[Dataset records]

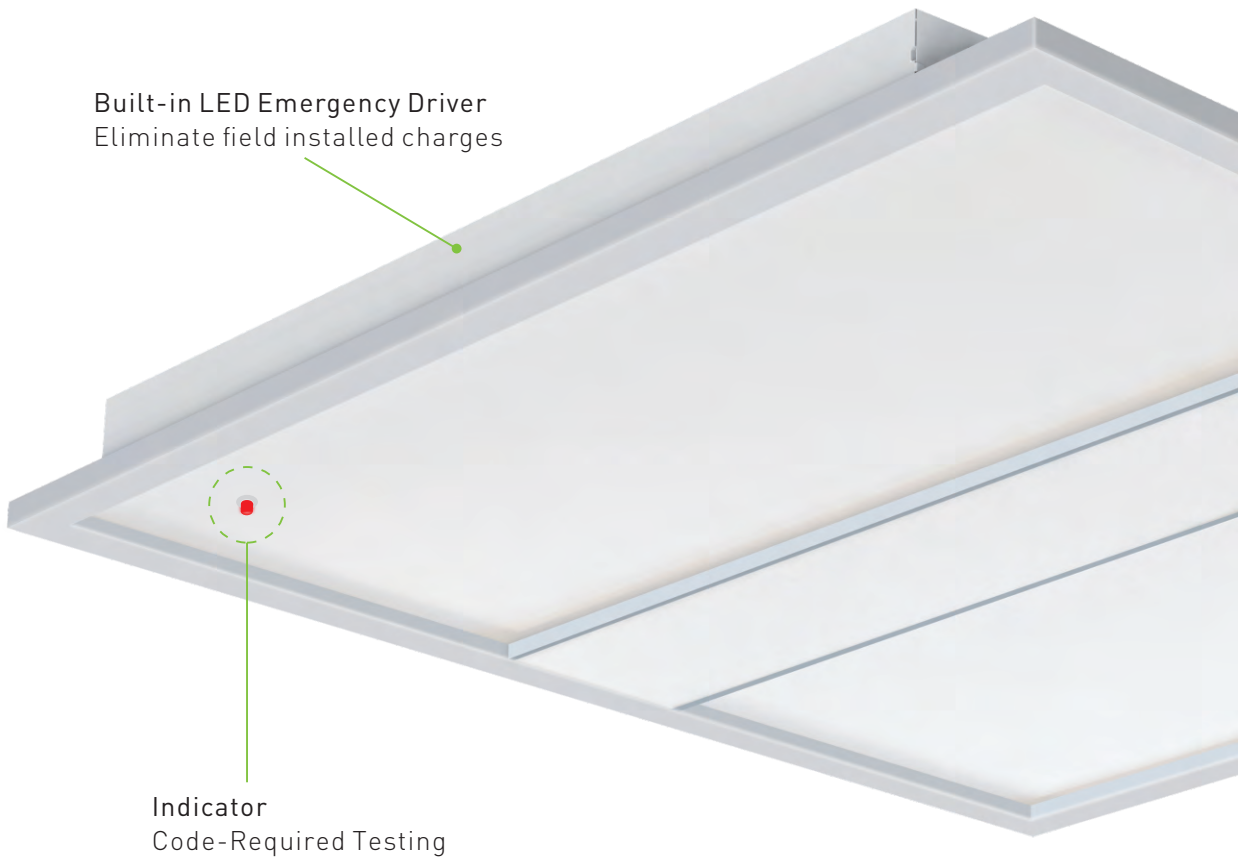

tgs

CONTOUR™ TROFFER

CONTOUR™ Troffer

Designed to deliver an unprecedented uniformity and functionality, this curved troffer features a compact yet sturdy aluminum construction designed to blend into modern architectural spaces. Featuring a low profile form factor, it is ideal for buildings with a low plenum space and is suitable for all standard grid ceilings. The specification grade CONTOUR™ Troffer Series is available in 2x2, 2x4, 1x4 sizes and perfect for offices, schools, and healthcare applications, goes beyond what was previously possible with traditional LED luminaires.

Performance

The CONTOUR™ Troffer series provides quiet and smooth illumination for visual comfort while maximizing efficiency.

- 2'x2', 2'x4', 1'x4'
- DLC available
- 3500K, 4000K, and 5000K CCT adjustable
- Wattage adjustable
- Minimum 82 CRI

Sleek Profile

The CONTOUR™ Troffer features a back-lit curved lens and distinct center detail. CCT and wattage adjustable function make the CONTOUR™ Troffer Series a diverse addition to the TGS product family.

2'x2', 2'x4', 1'x4': 1.74" Deep

No Delays When Power Fails!

This CONTOUR™ Troffer has emergency function option. The built-in LED Emergency Driver will immediately switches to the emergency mode, operating up to 120 minutes in event of power failure. When AC power is restored, the emergency driver will automatically returns to the charging mode.
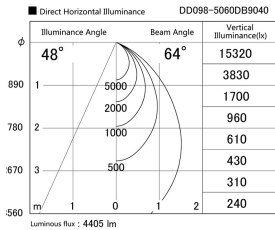

Item no. DD098-5060DB9040

Series Name: Φ 150 Spark

Dark Mirror Reflector

Installation	Recessed mount
Type	
Fixture wattage	48.5W
Beam angle	64 deg
Color Temp.	4000K
CRI	Ra>90
Luminous	4403 lm
Body	Die-cast aluminum alloy
Body finish	N/A
Trim finish	Black
Reflector finish	Dark Mirror
IP Rate	IP20
Light source	COB module
Input Voltage	AC220~240V
Dimming Type	Non-Dimmable
Certificate	CE, CCC
Cut Hole	150mm

Height (Weight)	
65.3W	152 (1.5kg)
48.5W	152 (1.5kg)
44.3W	132 (1.3kg)
33.8W	132 (1.3kg)
30.3W	132 (1.3kg)
23.0W	102 (1.0kg)
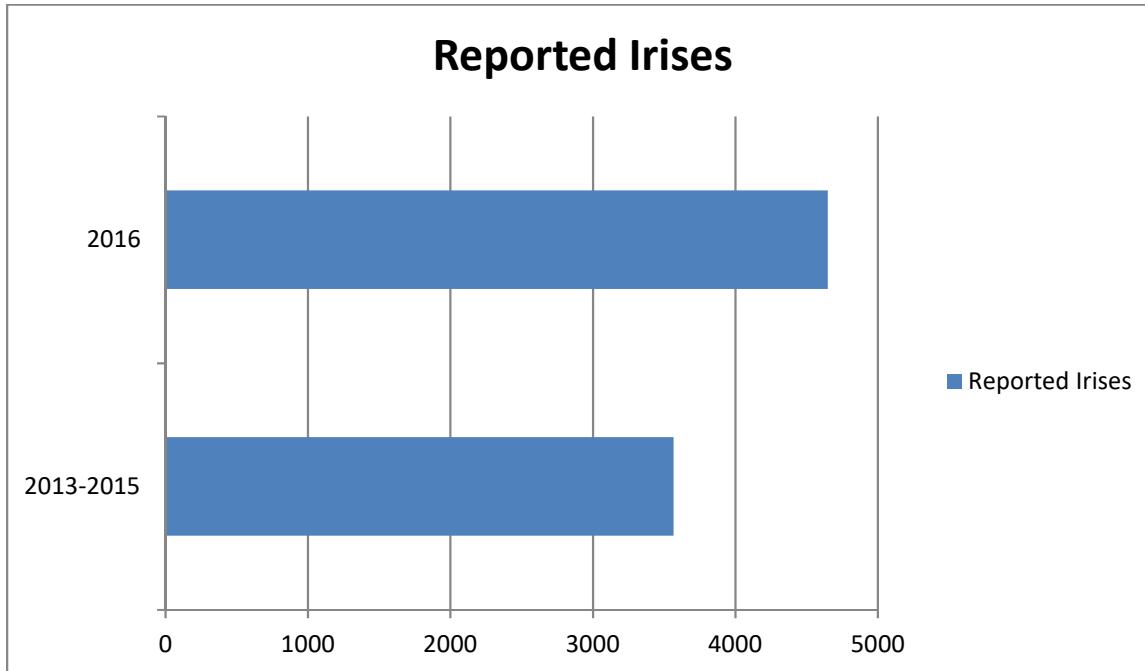

2016 HIPS databank statistics

4650 irises (up 30% from 3566 in 2015, in spite of losses)

83 losses (down to 0 growers from 2015)

120 total databank lists (up 30% from 92 in 2015)

2016 HIPS databank statistics

28 new reports / 18 revised reports / 74 outdated reports = 120 reports for 2016

9 reports dating 2013 / 43 reports dating 2014 / 22 reports dating 2015 = 74 outdated reports
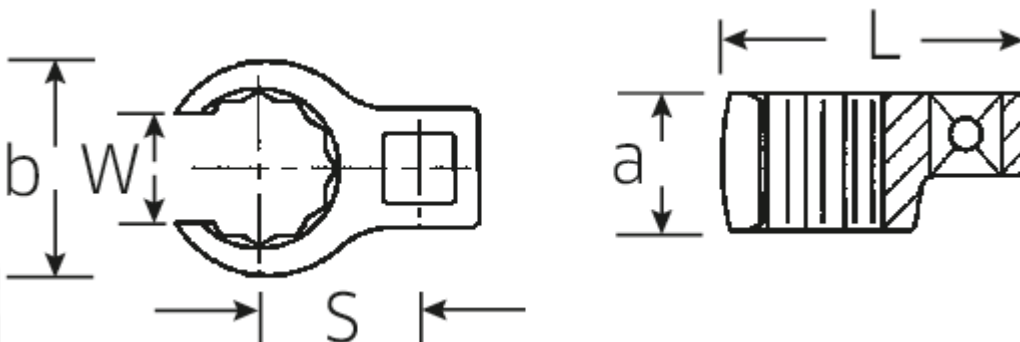

Technical Drawing.

Technical Attributes.

a 13,5 mm

Logistics data.

Length (IFS) 27
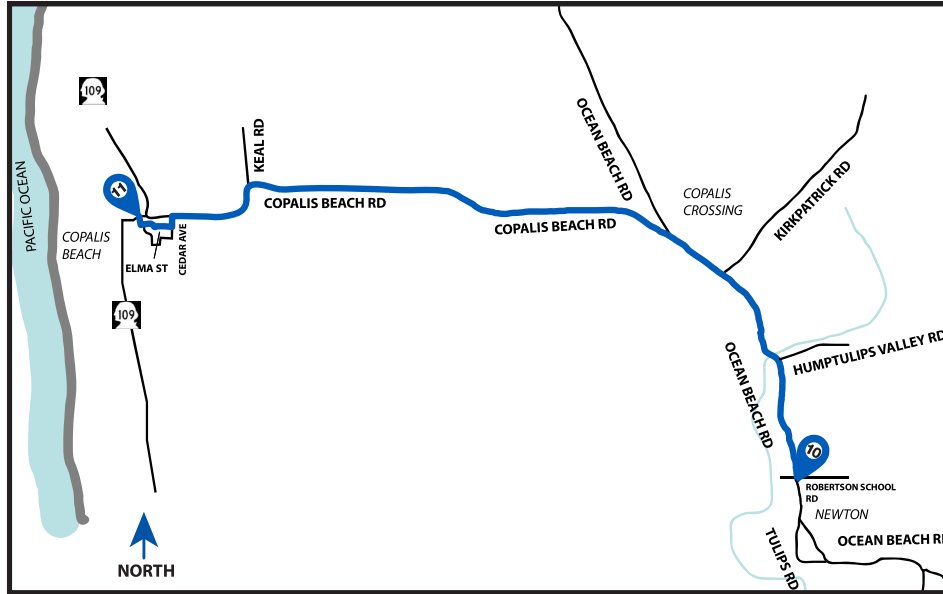

# LEG 11 7.34 MI | VERY HARD

## LEG DESCRIPTION:

EXCH 11 ADDRESS: Copalis Community Church - 3140 WA-109, Copalis Beach, WA 98535

GPS: +47.113734, -124.170630

## DIRECTIONS FROM EXCH 10 TO EXCH 11

- 0.00 Exchange 10 (Robertson School Rd & Ocean Beach Rd)
- 1.44 Humptulips Valley Rd
- ← 2.58 Slight **LEFT** onto Copalis Beach Rd
- ← 6.93 Turn **LEFT** onto Cedar Ave
- 7.02 Turn **RIGHT** onto Elma St
- 7.34 Exchange 11 (Copalis Community Church)
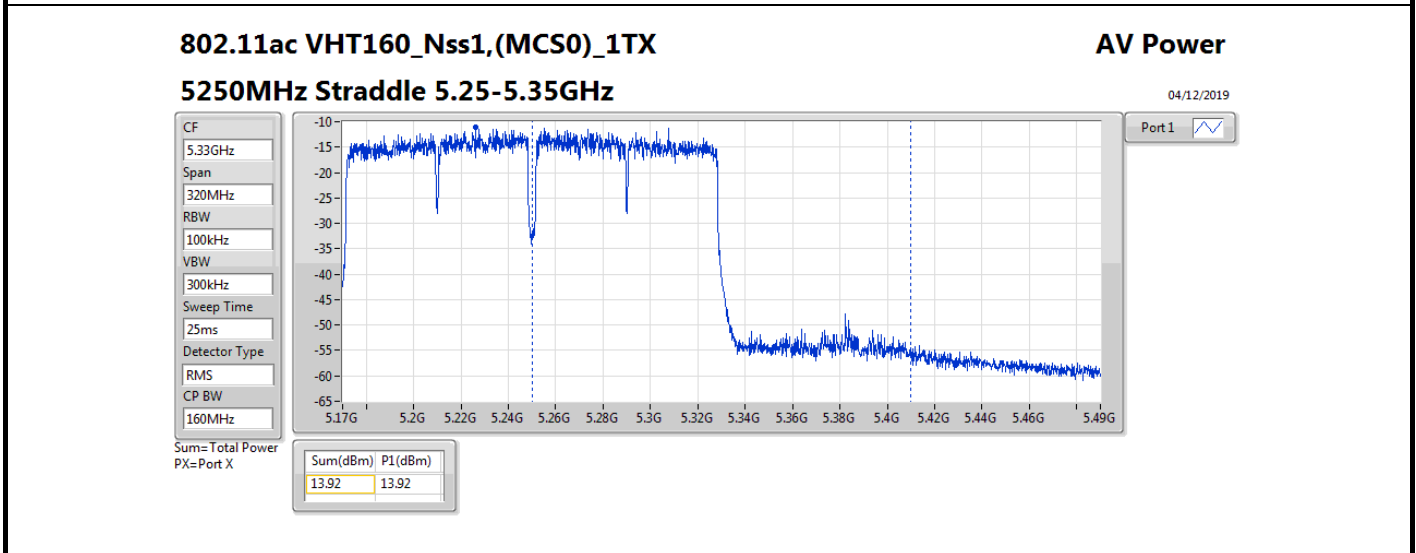

DG = Directional Gain; Port X = Port X output power

802.11ax HEW160\_Nss1,(MCS0)\_1TX

AV Power

5250MHz Straddle 5.25-5.35GHz

04/12/2019

- CF 5.33GHz
- Span 320MHz
- RBW 100kHz
- VBW 300kHz
- Sweep Time 25ms
- Detector Type RMS
- CP BW 160MHz
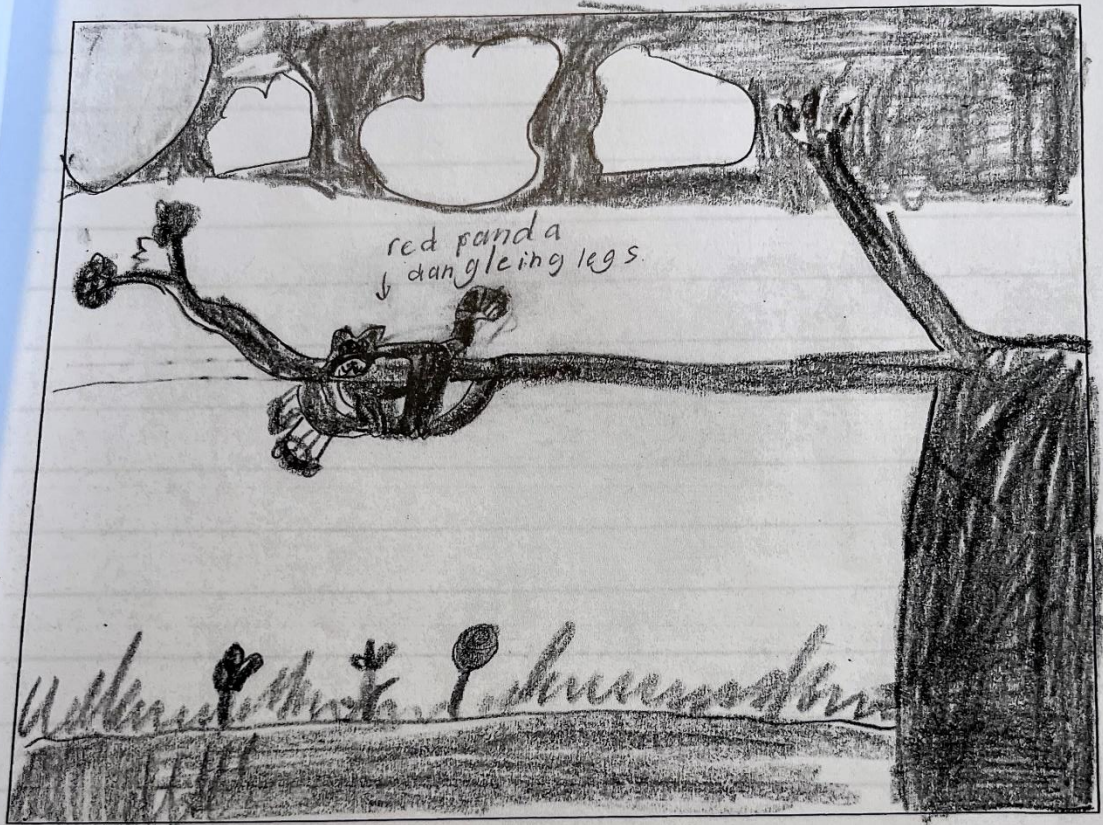

Table of Contents

My Animal Report About

Behavioral Characteristics page(s) _____

Red panda Red Panda

Researched and Written by

About the Author page(s) _____

Table of Contents

<u>Habitat</u>	page(s) _____
<u>Behavioral Characteristics</u>	page(s) _____
<u>Structural Characteristics</u>	page(s) _____
<u>Diet</u>	page(s) _____
<u>Fun Facts</u>	page(s) _____
<u>Glossary</u>	page(s) _____
<u>About the Author</u>	page(s) _____

Red Panda Habitat

A red panda is a mammal that loves bamboo.
They live in Asia and in snowy forests. In the forest
there are logs and trees with grass to cover the
soil. They also have lots of bamboo to eat for dinner.
When they need to hide they go to hide in trees
because there are lots of trees in the Himalayas.

Behavioral characteristics

Red Pandas are alert and active. When they are scared, they run up the trees to hide. When they want to sleep, they sleep different way. They dangle their legs when it is hot outside. When they are very cold they curl up in a ball to sleep. But they mostly rest and eat bamboo. They can eat bamboo sitting.

Structural Characteristics

Standing, and lying on their back. They love to eat!

Red Pandas are very colorful animals. Their fur is dark red around their body. Their tails are striped and much longer than their bodies. The fur around the eyes is black. Red Pandas have a very long tail and a long tail.

What the exercise asks: Output only the number of lines in the data above that include the word "losses".

Written answer: 2